Author lectures on the future of food

Jack Garcia

To eat meat, an animal has to be killed. This seems like an obvious fact, but most people do not think about where their food comes from.

Louise O. Fresco, president of Wageningen University and Research Centre in the Netherlands, talked Thursday about the changing way food is produced, consumed and purchased, and what it could mean for the growing urban populations around the world.

“Do you think in 10 years’ time the tomatoes you are going to eat will come from greenhouses?” Fresco asked.

This was the opening question of her hour-long lecture entitled “Hamburgers in Paradise: Food and Agriculture in the 21st Century,” where she presented to a classroom of about 75 students and faculty members.

While Iowa is a hub for agriculture in the United State, Fresco said fewer people are participating in agriculture world-wide.

“An ever declining number of people in rural areas have to feed an ever-growing population in cities,” Fresco said, using this example to show how agriculture is one of the most important topics in the international community.

She said the efficiency of producing food has increased greatly since the 1960s and advocated for trying new ways to use science in the process.

“Since 1960, [beef] production has doubled with the same number of cows,” Fresco said, giving a statistic to back up the argument that newer methods are making a difference.

Fresco talked about a world in the future where 3D printing of food could be commonplace in homes. She then asked another question that people may not think about.
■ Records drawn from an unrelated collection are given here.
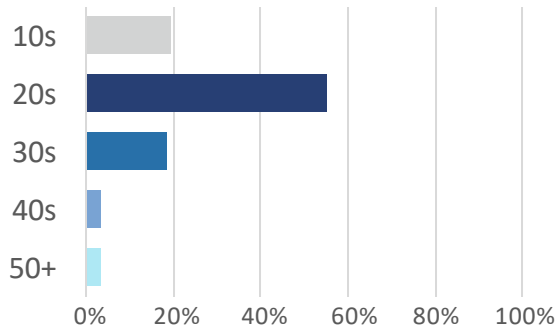

CELLA Uni Sparta

Nationality Ratio

Jan 27, 2026

CELLA
CELLA ENGLISH ACADEMY

Nationality

Course

Age

Gender

58.6%
Female

41.4%
Male

CELLA Premium

Nationality Ratio

Jan 27, 2026

CELLA
CELLA ENGLISH ACADEMY

Nationality

Course
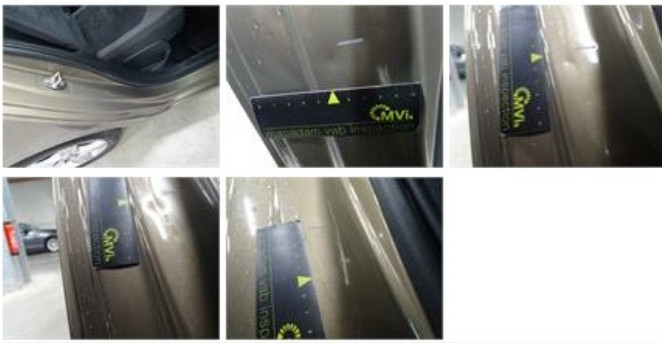

Wing R L, Scratch(es), Acceptable 0,00

No pictures to display

Engine protective plate, Deformed / Strained, E - Replace 74,00
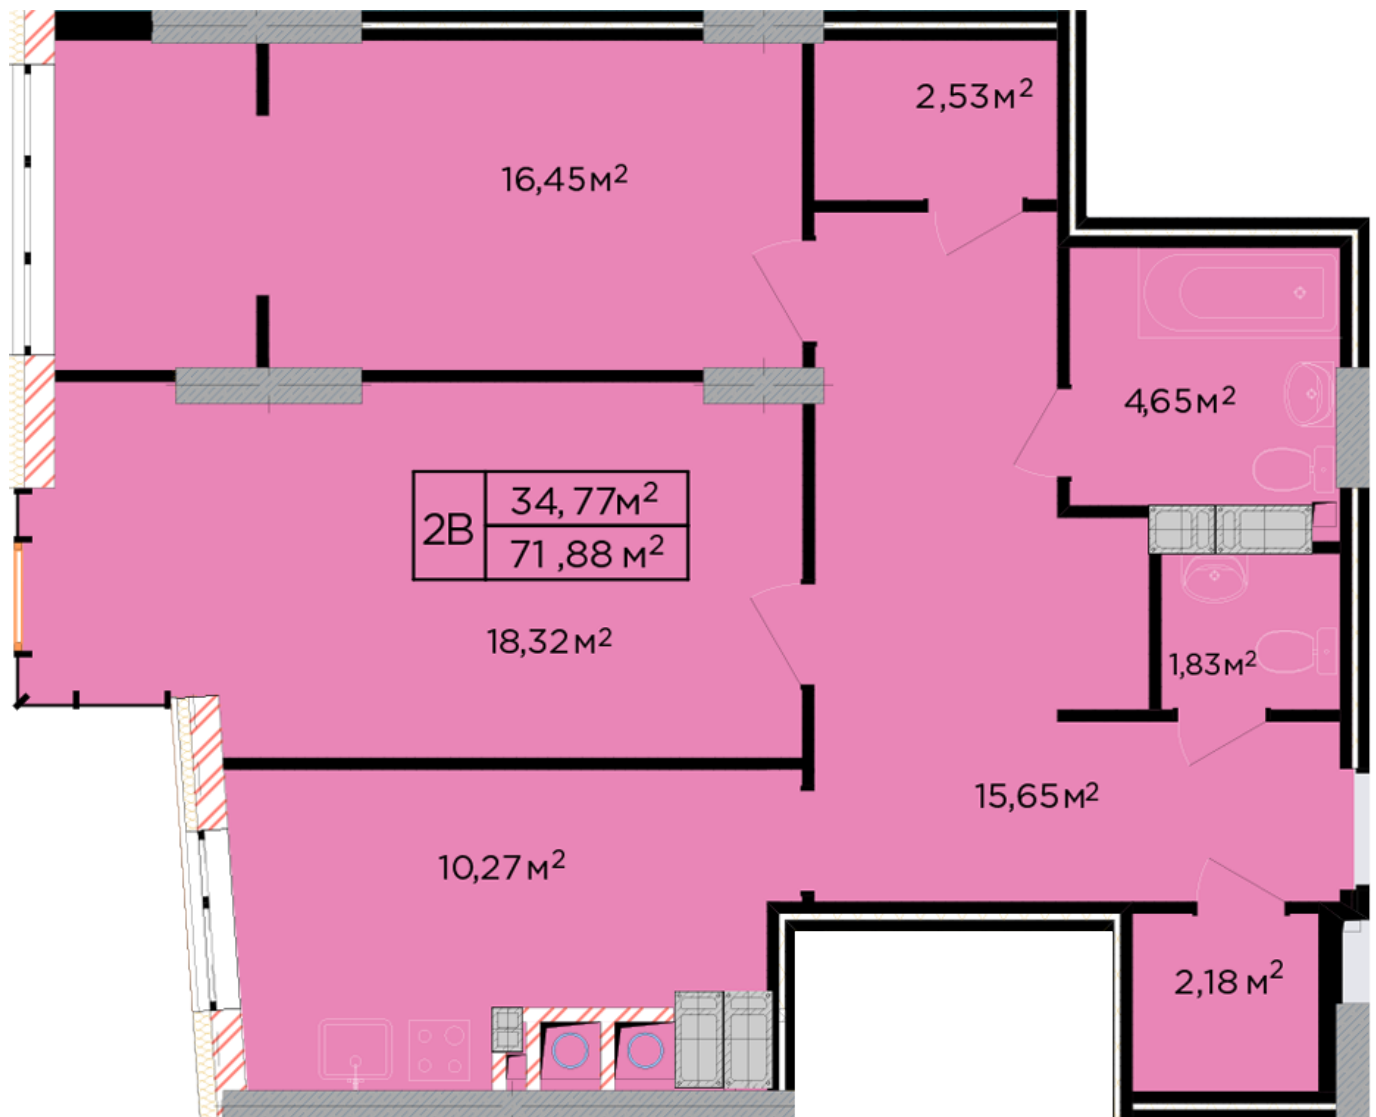

RC "SHCHASLYVYI" Lviv

schastliviy.lviv.ua
068 430 82 08

Plan 2 room apartment in the house on the 17-A, Bihova Street – #1105

PLAN TYPE: №1105

House 17-A, Bihova Street
2 roomed, 11-16 Floor

Characteristics

Gross area: 71.88 m²

Living space: 34.77 m²

Kitchen area: 10.27 m²

“Will we continue to have supermarkets? Actually, I don’t think so,” Fresco said, comparing supermarkets to bookstores in the sense that online shopping could take a lot of the customers.

“The single most important challenge for us is not to produce enough food but to produce safe food,” she said.

Fresco said the best path to producing safer food is to start putting smart chips in every food package.

With that technology, she said a person would not only be able see what the expiration date was but track his or her food all the way back to its source.

The lecture was also a means of teaching some professors, as the topic has the potential to stir up controversy. 

Chance Tennant, freshman in agricultural studies, said he went to the lecture partially because it was required for his English 150 class. 

Tennant said his professor asked students to look for biases and opposing viewpoints in order to learn about how to write about conflict. 

Fresco often said that she could say much more on these topics. She has two books published in English about food, titled “Hamburgers in Paradise” and “Biomass, Food & Sustainability, is There a Dilemma.”

Fresco’s lecture was sponsored by the Department of Agronomy, College of Agriculture and Life Sciences, the World Food Prize Foundation and the committee on lectures.